Etibar Salidar oglu Mammadov (Etibar Səlidar oğlu Məmmədov) (born April 2, 1955 in Baku, Azerbaijan) is an Azerbaijani politician and the Founder and Leader of National Independence Party of Azerbaijan (NIPA). Etibar Mammadov is also the Vice-Chairman of International Democrat Union (IDU). 

Since 1988, Etibar Mammadov has played an active role in the early stages of the national democratic movement. He actively participated in the forming of the PFP's Temporary Initiative Center. Mr Mammadov was also elected one of the first board member of the center. In 1989, the massive strikes was leading by Etibar Mammadov. He was later arrested by the KGB during a press conference in Moscow following the January 1990 events. Mr Mammadov spent nine months in the Lefortovo prison. During this period 1.5 million signatures were collected for his release.  He was released from Lefortovo Prison in November 1990 and in December Etibar Mammadov was elected member of the Parliament.  In 1991 he co-chaired “Demblock” in the Parliament of the Republic of Azerbaijan. He also became a member of the “State Defense Council” which was established by the President of the Republic of Azerbaijan in the same year. He is the co-author of the Constitutional Act "On the State Independence of Azerbaijan". He was the head of the Azerbaijani delegation in Turkey and Pakistan in recognition of the state independence. In October 1991, after separating from the Popular Front, Etibar Mammadov founded the National Independence Party of Azerbaijan. At the first congress of the party, he was elected chairman of the NIPA. He is currently the Vice-president of the International Democratic Union, which unites more than 70 center-right political parties.

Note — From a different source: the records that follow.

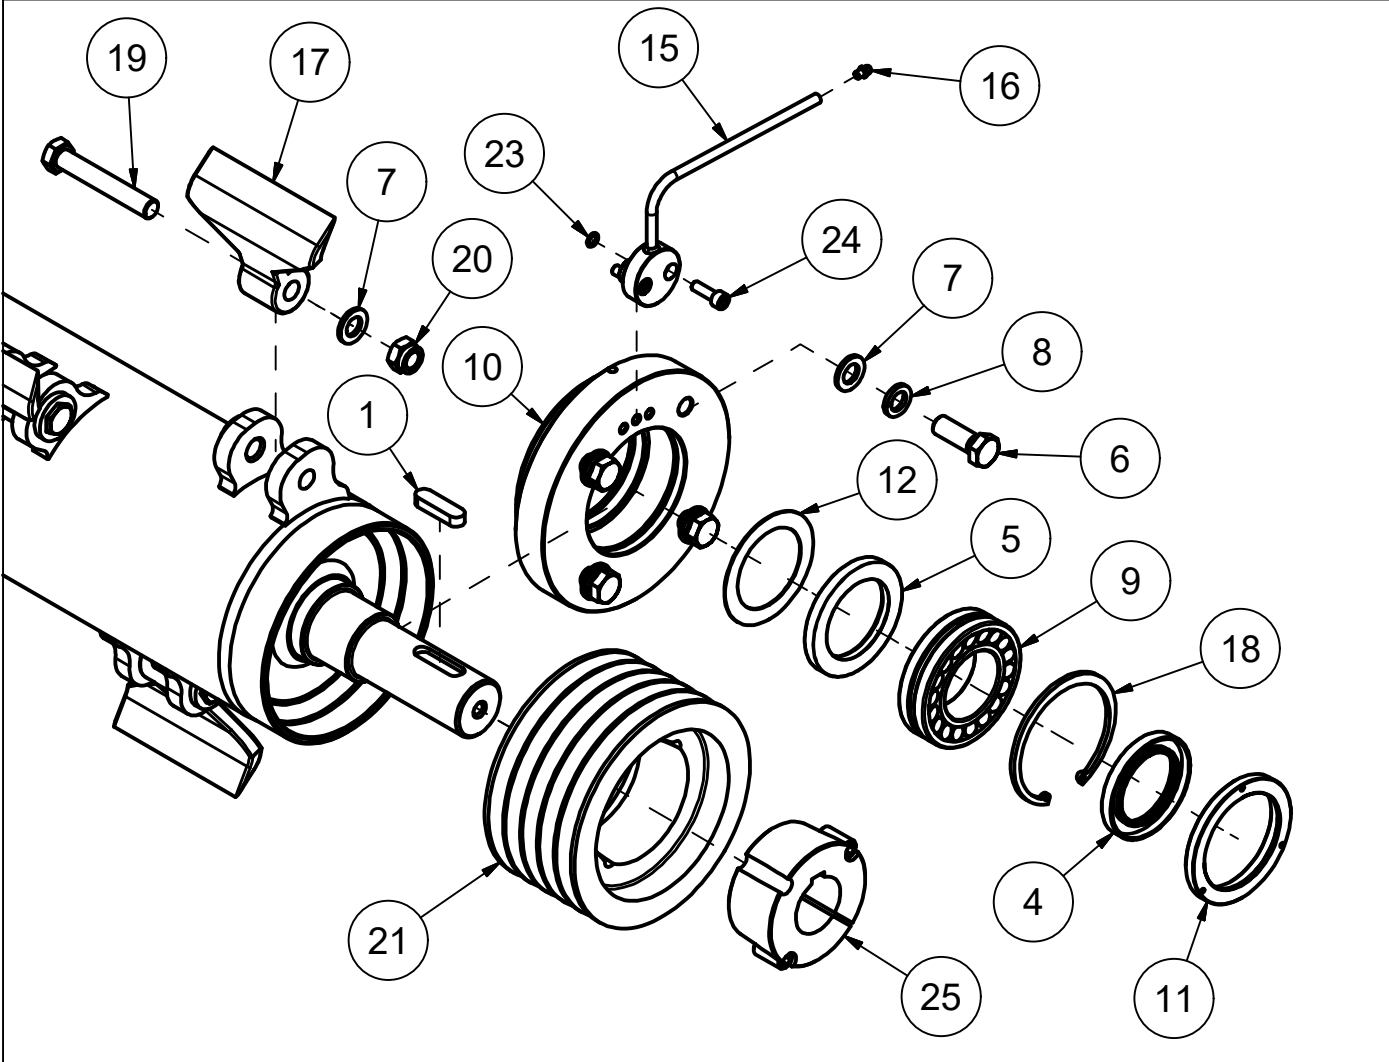

27128003 Rotor

Pos	Ant	Artikkelnr	Beskrivelse
1	1	2115175	Passkile 14x9 L50 St DIN 6885A
2	1	2553160	Seegerring A 60x2,0 DIN 471
3	1	12712002	Rotor BP300
4	1	2234157	Simmerring Ø60/90x10
5	2	2234161	Simmerring Ø70/100x10 AS
6	8	2422491	Sekskantskrue M16x45 EIZn 8.8 DIN 933
7	34	2531078	Underlagsskive M16 EIZn DIN 125
8	8	2534078	Fjærskive M16 EIZn DIN 127
9	2	2953322	Rullelager 22212.EAW33C3 Ø60/110x28
10	2	12712014	Lagerhus
11	1	12712015	Ring
12	2	12710043	Holdeskive
13	2	2473195	Gjengestift M6x6 St DIN 916
14	1	12712017	Shims rotor 3 mm
15	1	12712033	Smøreadapter
16	1	2478409	Smørenippel Rett M6
17	26	2112210	Hammerkniv
18	2	2553310	Seegerring I 110x4,0 DIN 472
19	26	2428502	Sekskantskrue M16x1,5x100 EIZn 10.9 DIN 960
20	26	2482613	Lockingmutter M16x1,5 EIZn DIN 985
21	1	2965385	Remskive 190x5 SPB 3020
22	1	2478407	Smørenippel Rett M8
23	1	2233008	O-ring 8,00x2,00 NBR 70
24	2	2472315	Unbrako sylinderskrue M8x25 EIZn DIN 912
25	1	2965321	Bøsning Ø50 TL3020
26	1	12712031	Shims rotor 2 mm
27	1	12712034	Shims rotor 1 mm
28	1	12712070	Shims rotor 5 mm
29	1	12712069	Shims rotor 4 mm

From 1990 to 2000 Etibar Mammadov was a member of the Milli Majlis of the Republic of Azerbaijan. In 1995, he also became a member of the Constitutional Commission of the Republic of Azerbaijan, chaired by Heydar Aliyev. In 1998 and 2003, Etibar Mammadov was a candidate for the presidency.

He is married and has three children.

Early life 
In 1972, Etibar Mammadov joined the Faculty of History of Baku State University. While still studying at the university, he worked in secret societies, wrote an article for the university's wallpaper on the South Azerbaijan issue and was expelled from the university for this article. After many difficulties, he was readmitted to the university and graduated in 1978. 
After graduating, Etibar Mammadov began his career as a lecturer at the Baku State University. In 1985   he defended his thesis on "Russian tsarism and the Supreme Soviet in the 19th century” and obtained his PhD degree.

Political career 
Etibar Mammadov has actively participated in political processes since his early period of studying. At the Baku State University, E. Mammadov worked in secret societies. He is involved in the creation of a university wall newspaper called "Odlar Yurdu" and is the author of the main article on the “National Government in Southern Azerbaijan”. He was suspended from the university on December 21, 1974 due to this article. However, Etibar Mammadov, was readmitted to the university a year later and continued to participate in political processes.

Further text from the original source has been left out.